Сергей Бабкин околачивался вокруг лесопарка уже минут сорок, но счастья ему до сих пор не привалило. «Счастье просто так, само, не приходит, — мрачно размышлял он. — Ему надо условия создавать». Выходя сегодня на улицу, Бабкин не сомневался в том, что он для своего счастья условия обязательно создаст, но грубая проза жизни вмешалась в его планы довольно безжалостным образом: в метро у Бабкина вытащили бумажник. «Вот лох последний, — бранился Сергей, которому не столько было жаль денег, сколько новенького портмоне. — Догадался в задний карман сунуть, а! Сыщик хренов». Но бранные слова помогали мало. Вдалеке прогуливались мамаши с колясками, пищали дети, а время уходило зря. «Ну и черт с вами со всеми!» — непонятно к кому обратился Бабкин и уже собрался уходить, как вдруг увидел в кустах ее.
Странно, как он не заметил ее раньше. Она стояла почти на виду, прикрытая только нежной, начинающей зеленеть веточкой какого-то чахлого кустика. Улыбаясь ей, словно старой знакомой, Бабкин подошел, наклонился и взял бутылку за холодное горлышко. Она была тяжелая.
— Слышь, мужик, — окликнули его сзади. — Ты бы бутылочку-то поставил, а?

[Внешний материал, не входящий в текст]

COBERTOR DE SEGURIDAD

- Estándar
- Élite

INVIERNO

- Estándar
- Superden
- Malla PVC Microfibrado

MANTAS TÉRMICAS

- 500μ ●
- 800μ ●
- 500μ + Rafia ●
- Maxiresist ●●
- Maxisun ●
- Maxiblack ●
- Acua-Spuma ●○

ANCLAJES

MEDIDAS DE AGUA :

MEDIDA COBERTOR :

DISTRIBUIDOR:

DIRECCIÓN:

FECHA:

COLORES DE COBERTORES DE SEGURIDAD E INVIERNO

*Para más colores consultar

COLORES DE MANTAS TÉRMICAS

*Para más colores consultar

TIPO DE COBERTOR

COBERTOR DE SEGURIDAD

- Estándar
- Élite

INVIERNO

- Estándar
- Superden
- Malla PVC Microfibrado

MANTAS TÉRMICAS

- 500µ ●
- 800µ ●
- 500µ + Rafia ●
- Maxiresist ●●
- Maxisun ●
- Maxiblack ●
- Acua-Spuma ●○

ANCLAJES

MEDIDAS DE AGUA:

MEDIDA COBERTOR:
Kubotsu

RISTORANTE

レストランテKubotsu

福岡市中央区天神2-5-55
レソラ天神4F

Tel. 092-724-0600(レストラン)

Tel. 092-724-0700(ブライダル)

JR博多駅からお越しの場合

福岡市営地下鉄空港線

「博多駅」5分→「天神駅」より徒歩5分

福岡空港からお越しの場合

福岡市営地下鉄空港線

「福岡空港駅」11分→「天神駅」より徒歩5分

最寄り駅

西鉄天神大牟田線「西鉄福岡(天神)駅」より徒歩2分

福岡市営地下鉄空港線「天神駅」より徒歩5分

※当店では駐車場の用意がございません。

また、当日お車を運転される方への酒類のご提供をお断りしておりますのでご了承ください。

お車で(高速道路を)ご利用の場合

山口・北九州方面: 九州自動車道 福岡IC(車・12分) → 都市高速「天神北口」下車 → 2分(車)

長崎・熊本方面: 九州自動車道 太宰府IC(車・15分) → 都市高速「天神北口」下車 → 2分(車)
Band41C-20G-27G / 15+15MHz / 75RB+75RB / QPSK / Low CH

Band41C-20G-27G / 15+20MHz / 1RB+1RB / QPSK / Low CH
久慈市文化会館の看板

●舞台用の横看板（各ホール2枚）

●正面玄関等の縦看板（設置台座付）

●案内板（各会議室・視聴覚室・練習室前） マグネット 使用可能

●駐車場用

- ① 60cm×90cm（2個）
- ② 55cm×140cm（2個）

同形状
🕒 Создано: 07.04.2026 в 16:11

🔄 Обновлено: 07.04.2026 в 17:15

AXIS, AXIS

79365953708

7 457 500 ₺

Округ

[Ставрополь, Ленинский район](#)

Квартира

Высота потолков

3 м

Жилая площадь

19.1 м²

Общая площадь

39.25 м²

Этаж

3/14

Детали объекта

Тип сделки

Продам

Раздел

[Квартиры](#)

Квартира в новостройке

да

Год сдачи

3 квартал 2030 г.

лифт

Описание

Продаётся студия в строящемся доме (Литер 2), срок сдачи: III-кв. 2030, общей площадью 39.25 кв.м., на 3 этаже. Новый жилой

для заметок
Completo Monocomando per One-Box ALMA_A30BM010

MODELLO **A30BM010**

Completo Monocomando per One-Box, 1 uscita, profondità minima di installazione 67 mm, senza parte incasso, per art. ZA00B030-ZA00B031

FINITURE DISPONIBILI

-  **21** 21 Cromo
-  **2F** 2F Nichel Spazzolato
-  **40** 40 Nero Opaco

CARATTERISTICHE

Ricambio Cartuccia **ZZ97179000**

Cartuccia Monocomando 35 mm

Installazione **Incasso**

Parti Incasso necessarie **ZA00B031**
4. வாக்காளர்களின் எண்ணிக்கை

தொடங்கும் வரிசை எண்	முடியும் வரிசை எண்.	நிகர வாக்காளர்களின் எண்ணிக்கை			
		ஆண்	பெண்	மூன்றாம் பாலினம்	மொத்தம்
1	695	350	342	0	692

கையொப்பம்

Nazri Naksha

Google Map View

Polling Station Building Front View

Сергей оглянулся. Ну, вот и оно. Счастье. То, что на данный момент счастье приняло облик бомжа с испитым лицом и ореолом всевозможных запахов, Бабкина не смутило. Будучи немножко философом, он знал: неважно, в каком виде к тебе является счастье, — важно, что оно тебе приносит.
— Да я так, ничего, — миролюбиво откликнулся Бабкин, протягивая бутылку бомжу. — Этикетку хотел посмотреть. Не видел таких раньше, понимаешь?
Мужик торопливо схватил бутылку и сунул в сумку, где уже позвякивали ее товарки.
— Да я сам, слышь, порой удивляюсь. И чего только народ сейчас не пьет! — охотно поддержал он светскую беседу. — Иной раз такую беду найдешь, что ее даже в приемку нести страшно — вдруг не возьмут?